Incidents like the recent one in Syedwalla are commonplace, and
invariably the perpetrators are never touched; indeed, they are
regarded as heroes protecting the faith. It is fortunate that none
of those attacked was killed; but even if there had been a
fatality, one can be sure the murderer would not have been arrested
by the police. Such is the state of security for our persecuted
minorities.

In the recently concluded local bodies elections, apart from the
blatant pressure tactics used by the establishment to ensure
'positive results' in certain constituencies, we had the odd
situation where minority candidates could not contest the seats of
nazim and naib nazim even in areas where they are in a majority.
Thus, Muslims will be running local governments in the few pockets
where Hindus or Christians outnumber them. The basis of this
travesty is the system of separate electorates. I was shocked and
saddened that Omar Asghar Khan, the minister for local bodies, who
supposedly presided over this exercise, did not raise a finger to
correct this gross injustice. I have long respected him for his
strong advocacy of the underprivileged, and had welcomed his
appointment. Alas, power seems to have diluted his sense of
justice, and he has opted to take the path of least resistance.

And what shall we say about Shahida Jamil, the minister for law and
justice? If her ministry has not moved a summary proposing the end
of the separate electorate system, should it not have done so? As
the minister for justice, should not Ms Jamil be concerned about
the deplorable state of our minorities, and do something to improve
it? At the end of the day, it is far easier to strike liberal
postures on Islamabad's cocktail circuit than in cabinet meetings.

I have long maintained that by disenfranchizing the minorities, we
have effectively removed whatever feeble protection the state of
Pakistan provides the disadvantaged. Since non-Muslims are barred
from voting for mainstream candidates and parties, they are in turn
ignored and neglected by them. And as the local MPs (and now the
local governments) see no electoral benefit in interceding with the
police and other minions of the state on behalf of the minorities,
this reality inevitably weakens their position in society.

Ahmadis are possibly in an even less enviable position than Hindu,
Christian and other non-Muslim citizens because they consider
themselves Muslims. Without wishing to get into the rights and
wrongs of this debate, I can only express my outrage over the fact
that these unfortunate people are legally persecuted even for
reciting verses or phrases from the Holy Book.

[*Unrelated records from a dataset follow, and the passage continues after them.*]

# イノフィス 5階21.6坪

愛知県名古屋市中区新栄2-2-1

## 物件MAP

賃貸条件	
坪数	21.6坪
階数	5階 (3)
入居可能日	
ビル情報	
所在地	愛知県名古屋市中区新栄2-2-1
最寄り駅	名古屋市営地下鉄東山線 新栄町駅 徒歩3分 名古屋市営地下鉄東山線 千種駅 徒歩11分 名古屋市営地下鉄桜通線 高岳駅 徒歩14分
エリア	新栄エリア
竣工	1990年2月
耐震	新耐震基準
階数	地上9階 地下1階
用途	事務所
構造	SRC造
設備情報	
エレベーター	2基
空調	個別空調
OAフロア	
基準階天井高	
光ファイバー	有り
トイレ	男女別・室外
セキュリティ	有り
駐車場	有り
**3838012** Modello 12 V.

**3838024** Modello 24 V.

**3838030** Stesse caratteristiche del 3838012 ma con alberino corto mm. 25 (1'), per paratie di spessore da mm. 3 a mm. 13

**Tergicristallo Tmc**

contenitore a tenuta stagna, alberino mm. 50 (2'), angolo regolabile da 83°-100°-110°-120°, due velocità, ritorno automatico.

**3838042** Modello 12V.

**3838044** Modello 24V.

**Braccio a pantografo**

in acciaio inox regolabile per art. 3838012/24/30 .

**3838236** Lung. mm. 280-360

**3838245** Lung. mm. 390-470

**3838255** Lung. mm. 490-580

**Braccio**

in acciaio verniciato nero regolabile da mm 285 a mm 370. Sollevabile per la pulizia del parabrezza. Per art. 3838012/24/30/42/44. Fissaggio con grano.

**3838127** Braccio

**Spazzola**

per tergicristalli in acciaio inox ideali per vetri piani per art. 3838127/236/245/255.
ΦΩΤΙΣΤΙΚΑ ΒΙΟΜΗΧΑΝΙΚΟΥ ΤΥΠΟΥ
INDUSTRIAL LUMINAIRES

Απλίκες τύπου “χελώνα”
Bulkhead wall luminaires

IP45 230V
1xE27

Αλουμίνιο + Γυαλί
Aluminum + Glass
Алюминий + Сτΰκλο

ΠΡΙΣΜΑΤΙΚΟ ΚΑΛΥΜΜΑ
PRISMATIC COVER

Ironically, we are
delighted when a (white) foreigner is able to say "Assalam
Walaikum." Scores of Ahmadis are rotting in jails around the
country for having committed this 'crime.'

Our record for human rights, never very bright, has been further
tarnished because of our inhumane treatment of the Ahmadis of which
the recent violence in syedwalla is only one relatively mild
example. Organizations like Amnesty International and the Human
rights Commissions regularly document and highlight these
transgressions against internationally accepted norms.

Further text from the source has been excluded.